Here's a look at Wisconsin's previous scoring averages and national ranking:
2012-13: 65.0 points per game (tied for 240th)
2011-12: 64.0 (261st)
2010-11: 67.9 (tied 200th)
2009-10: 67.1 (tied for 215th)
2008-09: 63.8 (tied for 261st)
2007-08: 67.3 (tied for 206th)
2006-07: 70.2 (tied for 142nd)
2005-06: 71.1 (tied for 121st)
2004-05: 67.4 (tied for 204th)
2003-04: 68.4 (tied for 195th)
2002-03: 70.3 (tied for 162nd)
2001-02: 67.0 (tied for 245th)
Ryan said he was comfortable with Wisconsin's pace of play, provided that the shots were open. And there were plenty of open shots as the Badgers made 35 of 59 attempts Tuesday (59.3 percent).
"It depends on how easy looks you're getting down the floor and how fast they are," Ryan said following Tuesday's victory. "We got open looks. We got good scoring opportunities. And when they present themselves, you don't tell the players, 'Well, no don't take that shot.' That's a good shot.
"There might have been three bad shots out of those 59. There might have been three that I wouldn't want us to take again. So I think a lot of that would depend on what kind of shots you're getting."

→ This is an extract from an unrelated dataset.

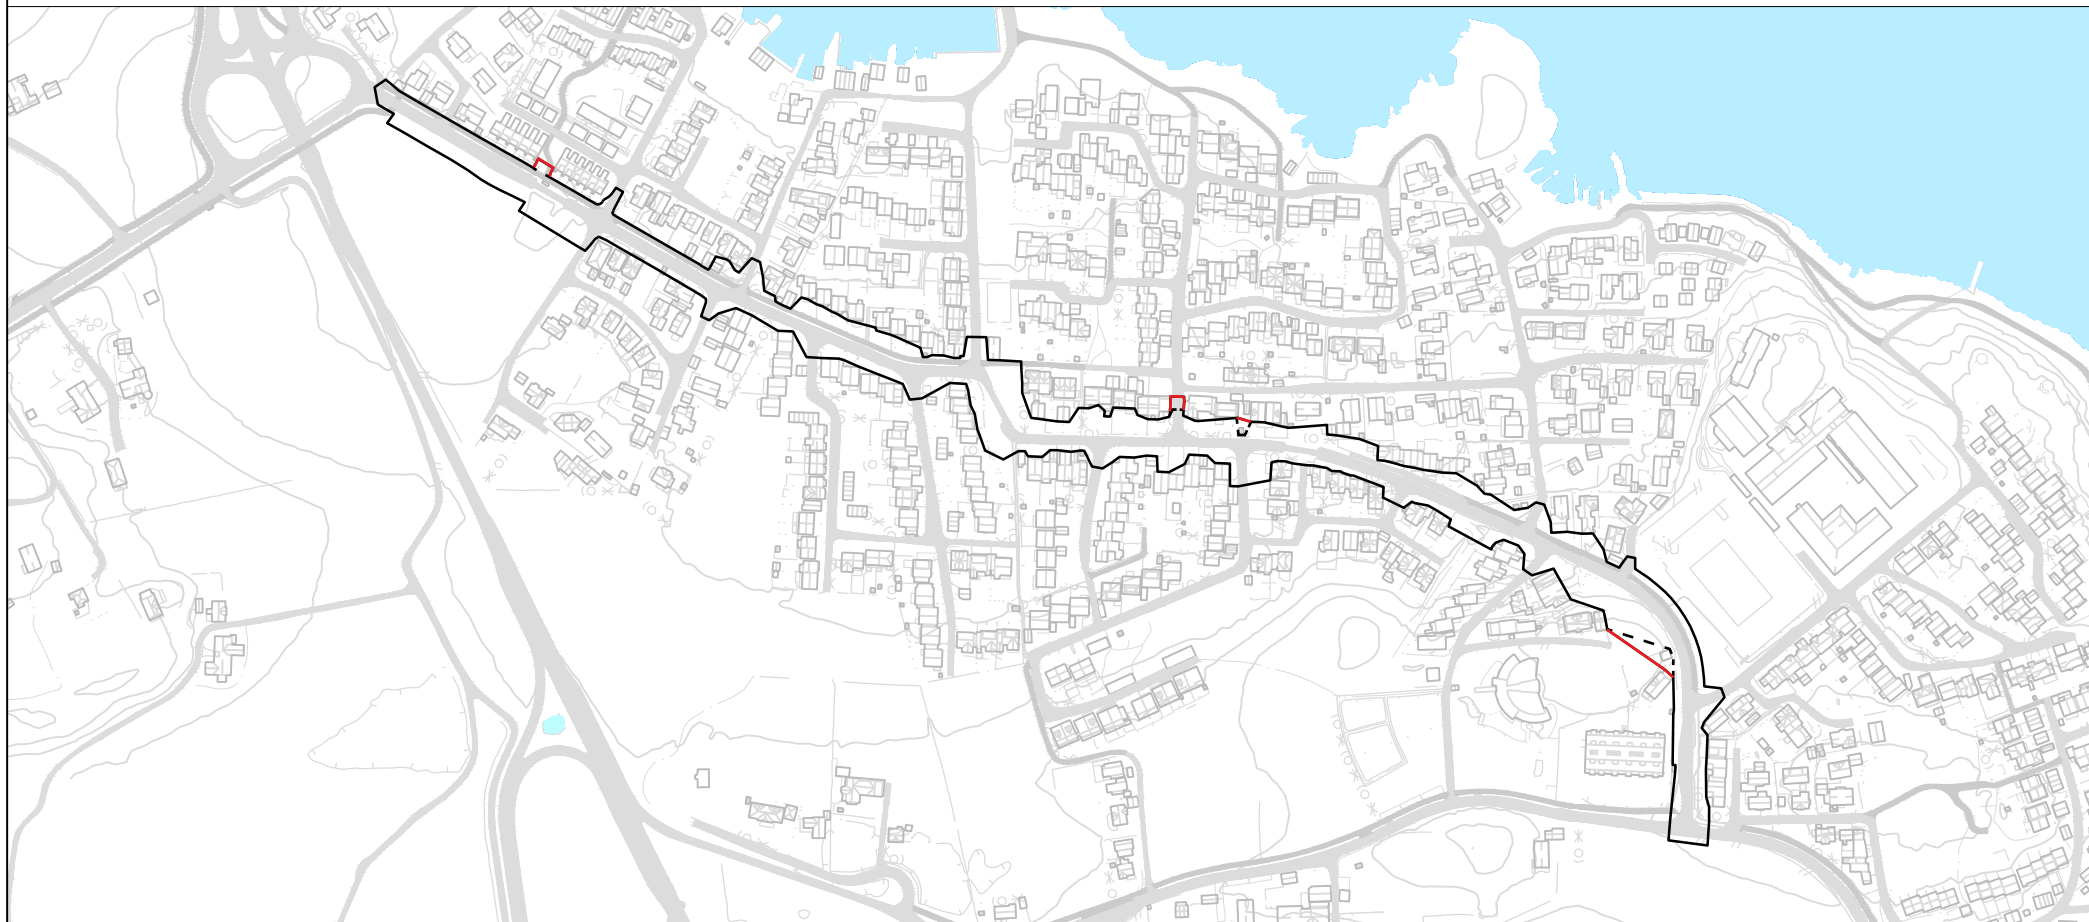

Oversiktskart med varslingsgrense. Utvidet varslingsgrense markert med rødt.

1:5000 i A4

While some of the most experienced basketball fans could have perhaps seen the increased scoring output coming given the Badgers' personnel, few likely predicted the team's defensive efficiency would also decrease so drastically.
Wisconsin is allowing 1.03 points per defensive possession. Last year, that number stood at 0.90, and it has been 1.0 or higher only three times in the past 12 seasons. The Badgers also have surrendered back-to-back individual 30-point performances, first to Green Bay guard Keifer Sykes (32) and then to North Dakota guard Troy Huff (37).

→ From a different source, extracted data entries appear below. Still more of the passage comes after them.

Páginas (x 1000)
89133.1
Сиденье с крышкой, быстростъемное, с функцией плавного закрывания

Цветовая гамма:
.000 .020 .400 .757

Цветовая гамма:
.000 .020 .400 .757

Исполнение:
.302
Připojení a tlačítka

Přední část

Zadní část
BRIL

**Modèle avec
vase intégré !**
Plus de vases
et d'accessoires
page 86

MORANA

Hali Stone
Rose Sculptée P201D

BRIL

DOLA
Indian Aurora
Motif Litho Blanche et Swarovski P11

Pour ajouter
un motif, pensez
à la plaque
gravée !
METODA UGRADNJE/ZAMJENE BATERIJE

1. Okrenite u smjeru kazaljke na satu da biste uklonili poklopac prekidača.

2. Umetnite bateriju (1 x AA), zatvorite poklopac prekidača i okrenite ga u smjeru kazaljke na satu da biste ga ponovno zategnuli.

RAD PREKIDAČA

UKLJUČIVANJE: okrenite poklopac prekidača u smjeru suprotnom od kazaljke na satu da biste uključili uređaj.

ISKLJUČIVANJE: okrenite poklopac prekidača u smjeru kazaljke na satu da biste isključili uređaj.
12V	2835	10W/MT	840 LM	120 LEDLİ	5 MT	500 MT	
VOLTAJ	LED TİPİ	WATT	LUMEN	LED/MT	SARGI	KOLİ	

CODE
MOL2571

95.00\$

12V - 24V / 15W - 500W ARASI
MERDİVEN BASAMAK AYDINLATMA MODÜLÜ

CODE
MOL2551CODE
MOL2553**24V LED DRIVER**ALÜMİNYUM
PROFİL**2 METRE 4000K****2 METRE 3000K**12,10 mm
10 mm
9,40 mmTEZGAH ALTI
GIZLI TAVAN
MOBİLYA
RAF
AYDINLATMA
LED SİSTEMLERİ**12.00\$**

"We did play some bad defense," Jackson said Tuesday night. "Their guy Huff, he hit 15-for-22, he hit some really good shots. The shots that he was making and the other guards, they were hitting a lot of floaters. And two-point jump shots, which is what we give up.

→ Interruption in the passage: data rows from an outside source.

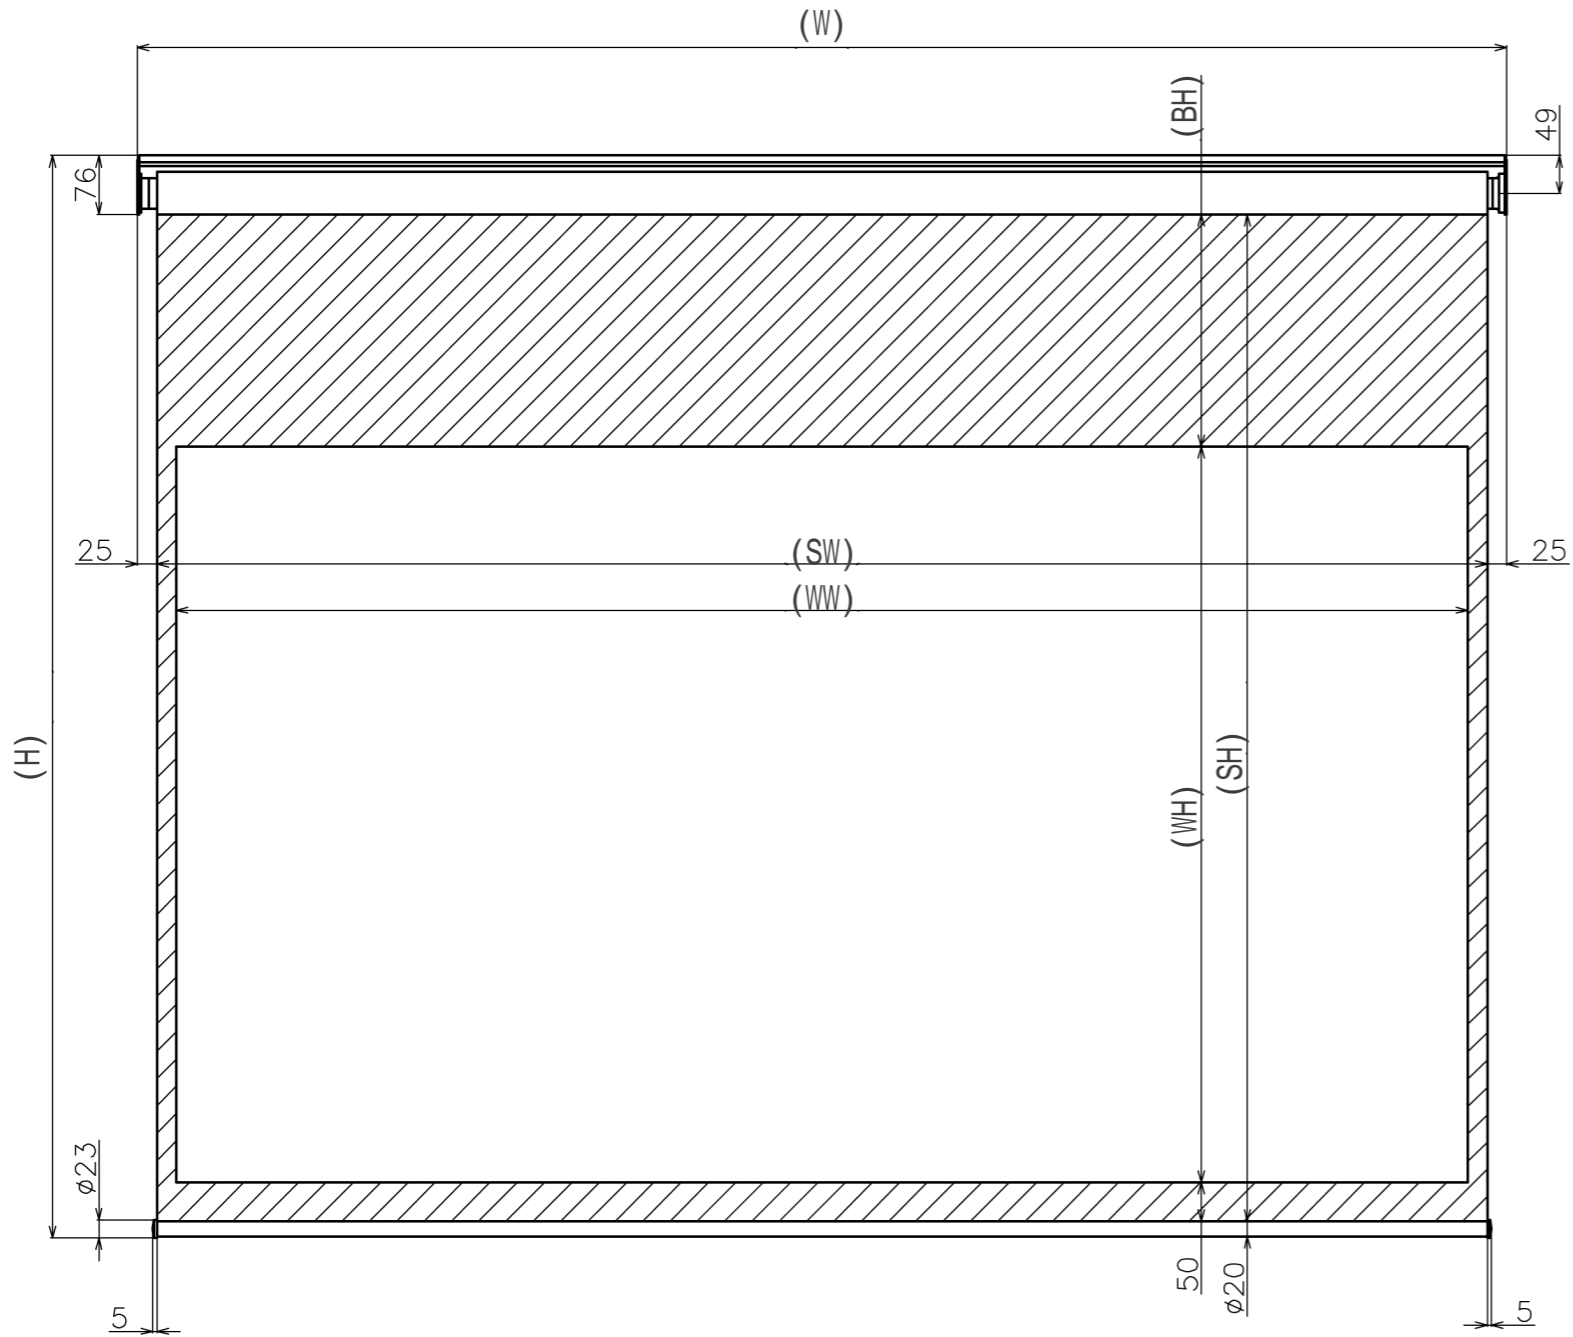

符号	日付	変更履歴	担当	確認	承認

マウントブラケット S=1/5

マウントブラケット： 全種類とも3個

製品の仕様及びデザインは予告なく変更する場合があります。

Date 13/03/18	尺度 1/10	単位 mm	機種名 BCH(チェーンスクリーン)
株式会社 Theaterhouse			品名 ブラックマスク付き製品寸法図
			品番

品番	サイズ 16:9(インチ)	全幅 W(mm)	スクリーン幅 SW(mm)	映写サイズ WW(mm)	スクリーン高さ SH(mm)	映写高さ WH(mm)	上黒部分 BH(mm)	全高さ H(mm)	重量 kg
BCH1771WHM	80	1871	1821	1771	(max)1920	996	874	(max)2016	4.7
BCH1771WHM-H2500	80	1871	1821	1771	(max)2400	996	1354	(max)2500	5.3
WCH1771WHM	80	1871	1821	1771	(max)1920	996	874	(max)2016	4.7
WCH1771WHM-H2500	80	1871	1821	1771	(max)2404	996	1358	(max)2500	5.3
BCH1771WEM	80	1871	1821	1771	1940	996	894	2036	4.7
BCH1771WEM-H2500	80	1871	1821	1771	2400	996	1354	2500	5.3
BCH1992WHM	90	2092	2042	1992	(max)1920	1121	749	(max)2016	5.1
BCH1992WHM-H2500	90	2092	2042	1992	(max)2404	1121	1233	(max)2500	5.7
BCH1992WEM	90	2092	2042	1992	1940	1121	770	2036	5.1
BCH1992WEM-H2500	90	2092	2042	1992	2404	1121	1234	2500	5.7
WCH1992WHM	90	2092	2042	1992	(max)1920	1121	749	(max)2016	5.1
WCH1992WHM-H2500	90	2092	2042	1992	(max)2404	1121	1233	(max)2500	5.7
BCH2214WHM	100	2314	2264	2214	(max)1920	1245	625	(max)2016	5.6
BCH2214WHM-H2500	100	2314	2264	2214	(max)2404	1245	1109	(max)2500	6.2
BCH2214WEM	100	2314	2264	2214	1940	1245	645	2036	5.6
BCH2214WEM-H2500	100	2314	2264	2214	2404	1245	1109	2500	6.2
WCH2214WHM	100	2314	2264	2214	(max)1920	1245	625	(max)2016	5.6
WCH2214WHM-H2500	100	2314	2264	2214	(max)2404	1245	1109	(max)2500	6.2
BCH2435WHM	110	2535	2485	2435	(max)1920	1370	500	(max)2016	7.3
BCH2435WHM-H2500	110	2535	2485	2435	(max)2400	1370	980	(max)2500	7.9
BCH2435WEM	110	2535	2485	2435	2400	1370	984	2500	7.9
BCH2435WEM	110	2535	2485	2435	1940	1370	520	2036	7.3
WCH2435WHM	110	2535	2485	2435	(max)1920	1370	500	(max)2016	7.3
WCH2435WHM-H2500	110	2535	2485	2435	(max)2404	1370	984	(max)2500	7.9
BCH2657WHM	120	2757	2707	2657	(max)1920	1495	375	(max)2016	8.0
BCH2657WHM-H2500	120	2757	2707	2657	(max)2404	1495	859	(max)2500	8.6
WCH2657WHM	120	2757	2707	2657	(max)1920	1497	373	(max)2016	8.0
WCH2657WHM-H2500	120	2757	2707	2657	(max)2404	1497	857	(max)2500	8.6
BCH2657WEM	120	2757	2707	2657	1940	1495	395	2036	8.0
BCH2657WEM-H2500	120	2757	2707	2657	2404	1495	859	2500	8.6
BCH2879WHM	130	2979	2929	2879	(max)1920	1619	251	(max)2016	8.0
BCH2879WHM-H2500	130	2979	2929	2879	(max)2400	1619	731	(max)2500	8.6
WCH2879WHM	130	2979	2929	2879	(max)1920	1619	251	(max)2016	8.0
WCH2879WHM-H2500	130	2979	2929	2879	(max)2404	1619	735	(max)2500	8.6
BCH2879WEM	130	2979	2929	2879	1940	1619	271	2036	8.0
BCH2879WEM-H2500	130	2979	2929	2879	2400	1619	735	2500	8.6
BCH3100WHM	140	3200	3150	3100	(max)1920	1744	126	(max)2016	9.0
BCH3100WHM-H2500	140	3200	3150	3100	(max)2404	1744	610	(max)2500	9.1
WCH3100WHM	140	3200	3150	3100	(max)1920	1744	126	(max)2016	9.0
WCH3100WHM-H2500	140	3200	3150	3100	(max)2400	1744	606	(max)2500	9.1
BCH3100WEM	140	3200	3150	3100	1940	1744	146	2036	9.0
BCH3100WEM-H2500	140	3200	3150	3100	2404	1744	610	2500	9.1
BCH3322WHM	150	3422	3372	3322	(max)1970	1869	51	(max)2066	9.9
BCH3322WHM-H2500	150	3422	3372	3322	(max)2404	1869	485	(max)2500	9.9
BCH3322WEM	150	3422	3372	3322	2104	1869	185	2200	9.9
BCH3322WEM-H2500	150	3422	3372	3322	2404	1869	485	2500	9.9

"It was a credit to them. We'll get better from it. We'll just have to learn from it and move on."
Other defensive statistics indicate Wisconsin is light years away from its teams of the past. For example, the Badgers have ranked in the top 10 nationally in scoring defense in each of the past seven seasons. But this year, Wisconsin is allowing 69.8 points per game, which ranks No. 144 nationally. The Badgers have never allowed more than 65.7 points per game under Ryan.
These are Wisconsin's defensive scoring averages with Ryan in charge:
2012-13: 55.9 points per game (tied for sixth)
2011-12: 53.2 (first)
2010-11: 58.6 (fourth)
2009-10: 56.9 (fourth)
2008-09: 59.0 (10th)
2007-08: 54.4 (first)
2006-07: 57.9 (10th)
2005-06: 65.6 (tied for 96th)
2004-05: 60.2 (12th)
2003-04: 57.0 (fourth)
2002-03: 59.3 (sixth)
2001-02: 65.7 (53rd)
Wisconsin returns to the court Thursday with a 7 p.m. home game against Bowling Green, the second of three games in five nights at the Kohl Center. And early returns suggest there could be plenty of reasons for fans to attend.
"The good thing about this week, having three games, we can put this one behind us," Dekker said after the North Dakota victory. "We have a lot of things that we can correct. We've got two more games coming up this week, so we can put this defensive performance behind us and get better.
"Things can only get up. This is our fourth game of the year. We have a lot to improve on, and I think we're going to do that."
That's a scary sounding proposition for opponents, who had better be ready to play against the most entertaining and up-tempo Wisconsin team in years.